Is the jury on these questions still out? During this decade the link between the gut and systemic autoimmunity has been established on a scientific basis. With the generation of the double-transgenic neuromyelitis optica (NMO)-mouse at the Kuchroo laboratory, the question of why the onset of spontaneous autoimmunity in these mice exhibited a high variability between different research sites soon came up?¹³ Wekerle’s group at Martinsried had the idea to keep these mice under germ-free conditions with completely sterile nutrition. Surprisingly, these mice did not develop the animal model for MS, experimental encephalomyelitis (EAE), unless they were artificially repopulated with defined bacterial strains.¹⁴ This clearly confirmed the interaction of gut microbiota and the immune system.

With modern DNA-/RNA-based molecular diagnostic tools, a high number of bacterial strains can be identified in human faeces. Thus, the scientific question was whether to go further into these details, or rather look at metabolomics and different products that were the focus of gut–immune system interactions. When saturated fatty acids were examined in the setting of EAE and lymphocyte cell cultures, it soon turned out that short-chain fatty acids (SCFA; 1–5 carbon atoms) were clearly immunoregulatory, whereas larger ones activated the immune system and, in particular, T cell autoimmunity.¹⁵ For several reasons, the focus was then directed towards propionate. An investigator-initiated translational study at the University of Bochum was set up to thoroughly characterize 250 MS patients with regard to the metabolome, microbiome and immune phenotype, and also to look at clinical and MRI parameters. Since there was no external sponsorship, and propionate is a food supplement, we selected an uncontrolled design in which patients were left on their MS medication. The patients then received propionate 2 × 500 mg as an add-on to their established medication for MS for a minimum of 90 days during the study; thereafter, they were offered an open extension phase for up to 2 years. Surprisingly, the greatest reduction of propionate was found in faeces of patients with clinically isolated syndrome but also in established MS, although to a lesser degree, where faecal levels of propionate were reduced by 50%.¹⁶ The microbiota also differed greatly between subtypes of MS and healthy controls. Following propionate supplementation, levels were analysed after 2 weeks and 90 days. Not only were serum and faecal levels of propionate restored by 3 weeks, the number of functionally active regulatory T lymphocytes was also restored. In turn, TH17-TH1 autoimmunity was reduced. In addition, human faecal transfer into an intestinal organ culture system confirmed that anti-inflammatory responses were dominant after propionate supplementation. Since this was not placebo-controlled, the reduction in relapse rate and Expanded Disability Status Scale disability of the 250 patients in the study should be treated with caution. Of note, a subgroup received longitudinal sophisticated MRI analyses of basal ganglia atrophy and a partial reversal of this atrophy process was observed.
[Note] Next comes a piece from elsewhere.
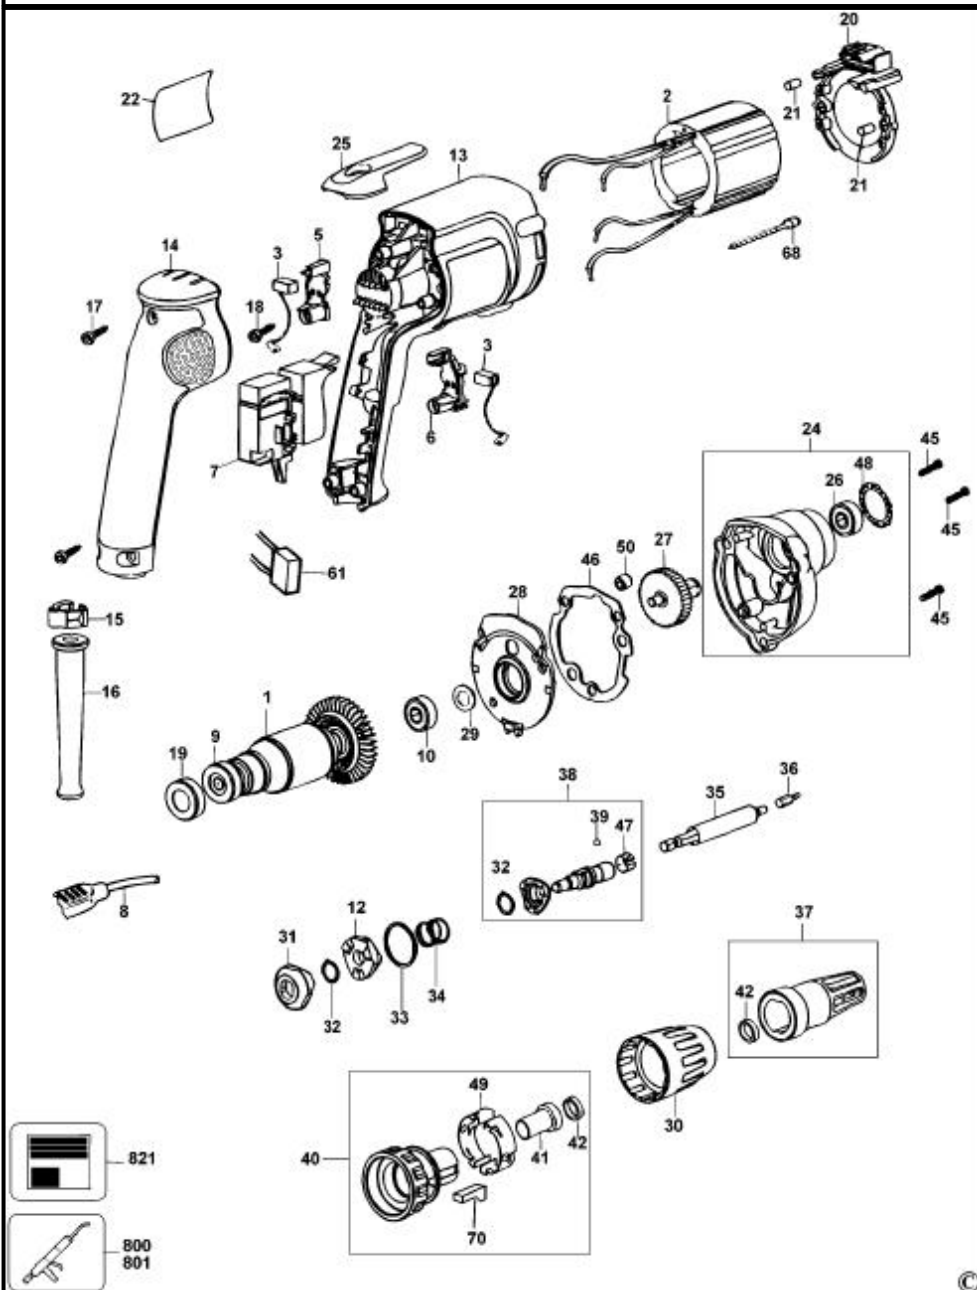

SCREWDRIVER

DW275KN

TYPE 2

E13733.TIF

Where do we stand now with these findings? The influence of nutritional components and impact of changes in microbiota of the gut clearly underscore their interaction with the immune system.¹⁷ Certainly Swank and Evers were going in the right direction, yet at that time no one knew that the microbiota in MS patients would also be profoundly changed.¹⁶ We feel that the hen–egg question here may rather give the answer that the chronic exposure to inflammatory systemic conditions like MS may, in turn, change the gut-microbiota. And finally, it may be of note that, in Germany, propionate disappeared from bread, where it was incorporated as a preservative, to 0.2–0.3% of weight, in the late 1980s. Until then, two slices of bread originally contained about 500 mg propionate. We may speculate that this may be another factor in the chain of events that has caused a more than threefold rise in MS prevalence in Germany and Western societies over the last 30 years.